Bicester’s Bell Foundry

Businesses May 14, 2022

In the latter years of the seventeenth century and during the first half of the eighteenth century a family of craftsmen named Hemins lived in Bicester.

Edward Hemins was the town clockmaker and gunsmith who supplied a clock to Islip Church in 1707. His son, also called Edward, was baptised in St Edburg’s Church on 11th September 1698 and eventually went on to succeed his father in the family business. Their tower and grandfather clocks are fine pieces of craftsmanship and many still survive today.

Edward Hemins, junior, added bell founding to the business in the late 1720s. In following the occupations of gunsmith and clockmaker he was already skilled in the art of casting brass and gun-metal, and bell-metal is very similar to the latter. Their foundry was in Bell Lane, giving the road its name today.
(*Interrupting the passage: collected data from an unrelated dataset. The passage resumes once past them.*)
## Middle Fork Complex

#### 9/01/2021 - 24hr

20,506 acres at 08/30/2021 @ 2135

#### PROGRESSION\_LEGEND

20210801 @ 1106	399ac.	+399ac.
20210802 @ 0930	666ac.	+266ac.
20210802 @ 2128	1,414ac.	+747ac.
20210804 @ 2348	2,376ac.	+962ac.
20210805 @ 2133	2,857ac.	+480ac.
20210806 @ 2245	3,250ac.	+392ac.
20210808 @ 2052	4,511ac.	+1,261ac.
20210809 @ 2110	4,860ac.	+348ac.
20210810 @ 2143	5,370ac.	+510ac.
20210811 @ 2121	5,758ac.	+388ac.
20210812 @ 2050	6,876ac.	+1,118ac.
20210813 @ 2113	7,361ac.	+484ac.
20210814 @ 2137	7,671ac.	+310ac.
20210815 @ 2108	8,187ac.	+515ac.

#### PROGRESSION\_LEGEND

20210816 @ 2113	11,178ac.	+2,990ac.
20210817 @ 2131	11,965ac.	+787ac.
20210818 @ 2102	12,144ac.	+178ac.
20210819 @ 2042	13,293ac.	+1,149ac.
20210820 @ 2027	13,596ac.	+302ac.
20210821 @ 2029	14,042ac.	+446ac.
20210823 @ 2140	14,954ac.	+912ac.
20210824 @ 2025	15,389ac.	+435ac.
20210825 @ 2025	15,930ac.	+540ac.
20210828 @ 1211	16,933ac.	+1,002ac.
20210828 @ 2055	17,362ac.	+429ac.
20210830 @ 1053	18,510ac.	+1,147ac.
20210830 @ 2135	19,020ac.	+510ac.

Hemins bells were always finely moulded and well-cast; usually inscribed in neat lettering, and for founders’ marks Edward used at least three types of fleur-de-lys, two of which were quite elaborate in design. The tone of his bells always compared favourably with those of his contemporaries. One of his last castings, for Ambrosden Church, was taken as the standard for the other bells in the tower to be tuned to when they were renovated in 1928, showing that, even after nearly 200 years of use, it was still just as good as the day it was hung.
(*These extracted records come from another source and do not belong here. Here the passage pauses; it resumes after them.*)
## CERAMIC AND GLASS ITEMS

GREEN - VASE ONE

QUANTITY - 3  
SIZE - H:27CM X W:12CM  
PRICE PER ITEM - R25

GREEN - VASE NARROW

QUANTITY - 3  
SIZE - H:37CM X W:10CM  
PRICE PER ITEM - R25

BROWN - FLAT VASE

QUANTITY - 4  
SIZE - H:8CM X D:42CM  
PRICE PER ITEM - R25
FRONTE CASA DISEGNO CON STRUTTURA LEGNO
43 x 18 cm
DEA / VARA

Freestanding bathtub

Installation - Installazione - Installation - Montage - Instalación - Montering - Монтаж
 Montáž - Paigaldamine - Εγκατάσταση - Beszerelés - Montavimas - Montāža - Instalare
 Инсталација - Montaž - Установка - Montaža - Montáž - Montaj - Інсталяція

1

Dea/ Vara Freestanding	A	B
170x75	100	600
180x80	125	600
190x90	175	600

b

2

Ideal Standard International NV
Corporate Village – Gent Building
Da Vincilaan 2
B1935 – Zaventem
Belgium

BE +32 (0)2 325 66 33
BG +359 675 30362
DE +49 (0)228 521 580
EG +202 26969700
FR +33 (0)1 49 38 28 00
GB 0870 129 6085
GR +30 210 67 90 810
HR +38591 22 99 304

The earliest Hemins bells that we know of date back to 1728. In that year they supplied one to Preston Bissett and a ring of five to Wootton Underwood. The following year they supplied bells to Oriel College and All Saints Church, in Oxford, and cast bells for Ardley, Broughton Castle, Hook Norton and Piddington.

In 1730 Edward supplied a bell to Edgcot, in Buckinghamshire. But the inscription on it is the earliest one we know of where he uses the spelling “Bister”, any inscriptions before that had always used the spelling “Bissiter”.

In 1731 he cast a bell for St Clements Church, Oxford. Then, in 1732, he cast a ring of five bells for Wootton, near Woodstock, as well as one for Waterperry and one for Stowe House, near Buckingham.

The Town House and Shambles in Market Square. The bell hung above the clock.
The Town House and Shambles in Market Square. The bell hung above the clock.

In that same year he also cast the most significant of his bells, at least from a local history perspective, for this bell now hangs in the grounds of the Garth. It was originally cast for the Town House that stood in the middle of Market Square, adjoining the Shambles. It was used as a call bell and clock bell there until the building was destroyed in a riot in 1826. Ten years later Bicester Workhouse was built, and the bell was hung there, where it stayed until it was taken down in 1950 and moved to the Garth. It is 13 ½ inches in diameter and, as well as the founders mark, it bears the inscription “R. Walls, R. Maynard, Overseers. E. Hemins. Fecit 1732”.

Over the following twelve years he cast bells for Water Stratford, Aston Rowant, Cowley, Bletchingdon, Piddington, Kings Sutton, Grendon Underwood, Warksworth and Culworth.

On 28th May 1743 the furnaces of the Hemins bell foundry were used for the last time when Edward cast a fifth bell for Ambrosden Church and a small clock bell for Caversfield House. He died the following year and, according to the parish registers, was buried in St Edburg’s Churchyard on 8th April.

His will provided for his wife and instructed his brothers, Joseph and Benjamin, Mr John Walker, maltster, and Mr Richard Walls, draper (named on the Town House bell), to sell his “foundering shop” and other goods and divide the proceeds among his mother and four children, Martha, Edward, John, and Richard. He left his gunsmith’s tools and stock-in-trade to his brother Benjamin.

No bells made of by Joseph or Benjamin are known of, but it is known that Joseph later moved to Banbury and worked as a clockmaker there.

The front elevation of the Workhouse. Note the separate entrances for men on one side and women on the other, and the bell tower above the centre of the building.
The front elevation of the Workhouse. Note the separate entrances for men on one side and women on the other, and the bell tower above the centre of the building.